- TASK OBJECTIVE: Quote all of the data exactly as given. Skip every picture it contains.

- DATASET CONTENT:
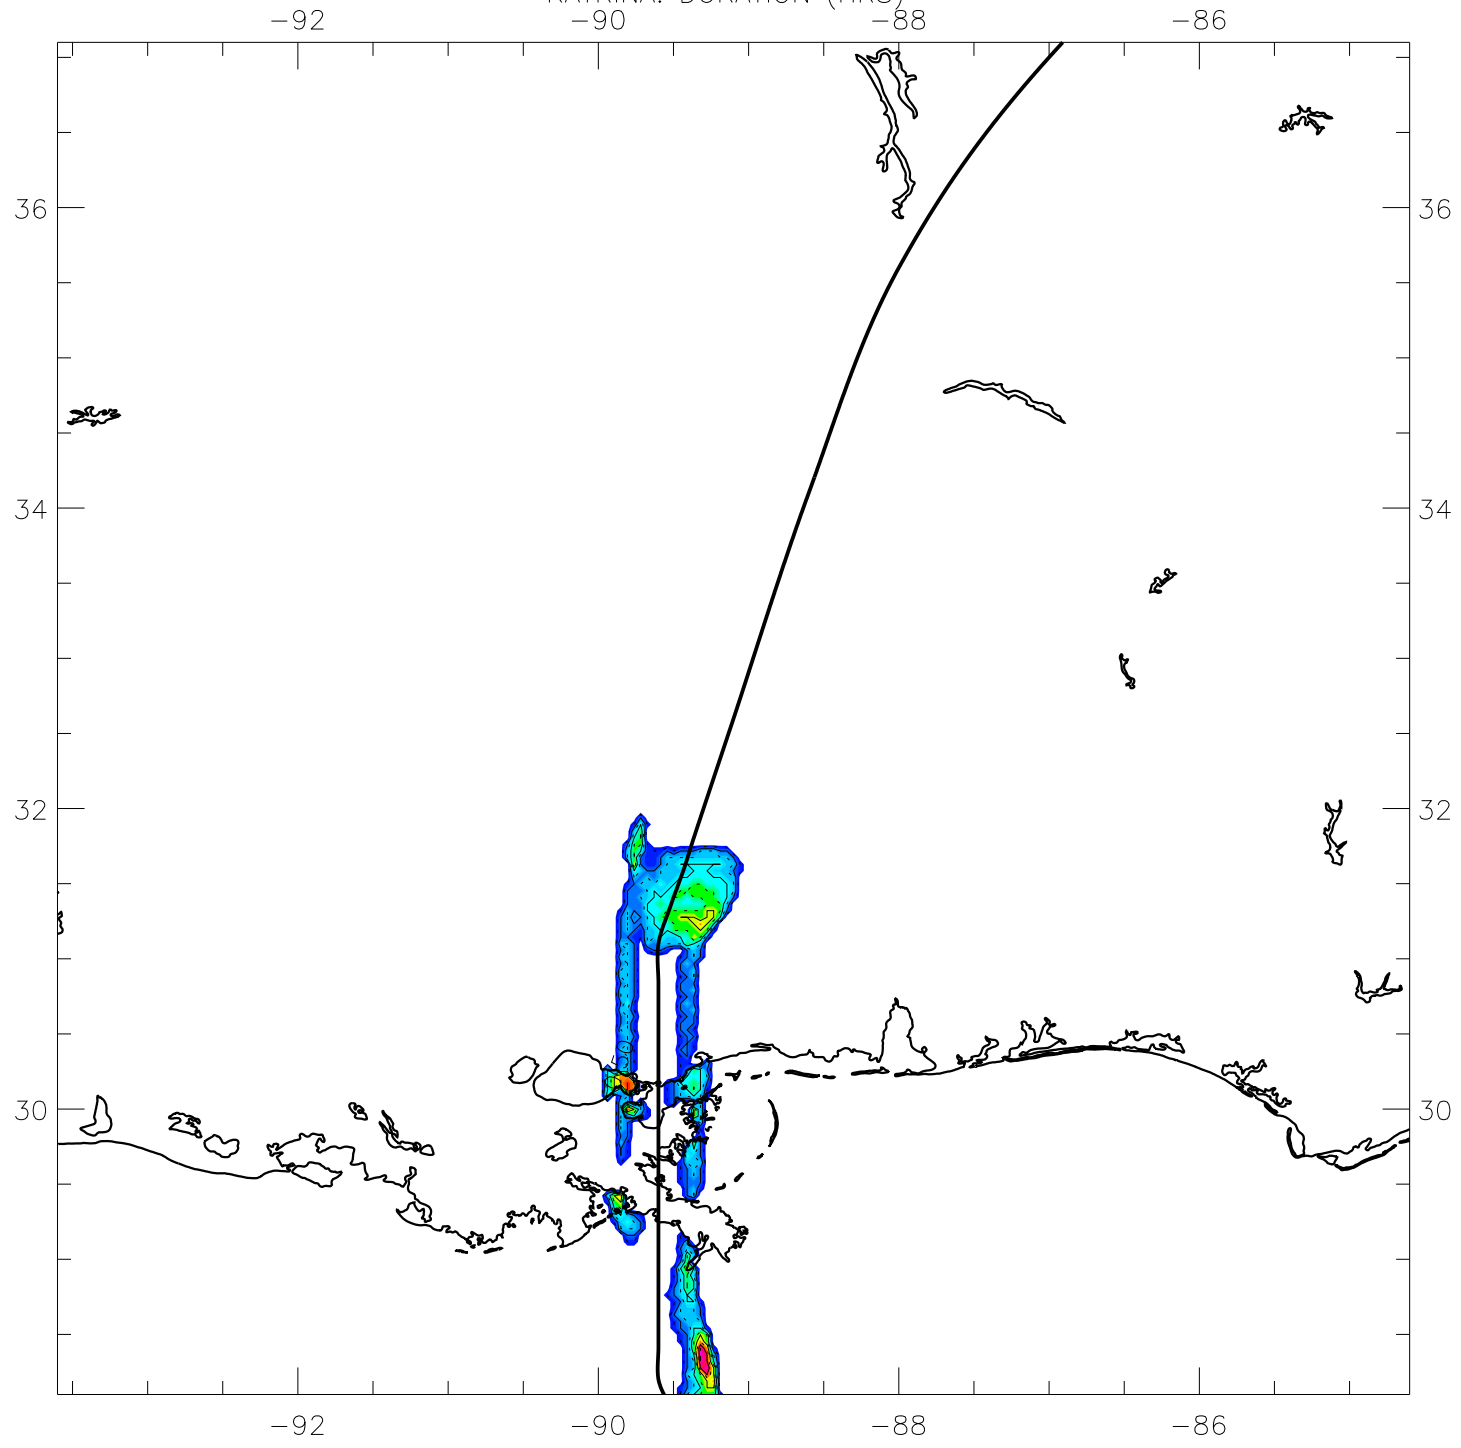

KATRINA: MAXIMUM WIND CONTOURS (KNOTS)

KATRINA: MAXIMUM WIND CONTOURS (MPH)

KATRINA: DURATION (HRS)

KATRINA: STEADINESS

- THE ANSWER:
KATRINA: MAXIMUM WIND CONTOURS (KNOTS)

KATRINA: MAXIMUM WIND CONTOURS (MPH)

KATRINA: DURATION (HRS)

KATRINA: STEADINESS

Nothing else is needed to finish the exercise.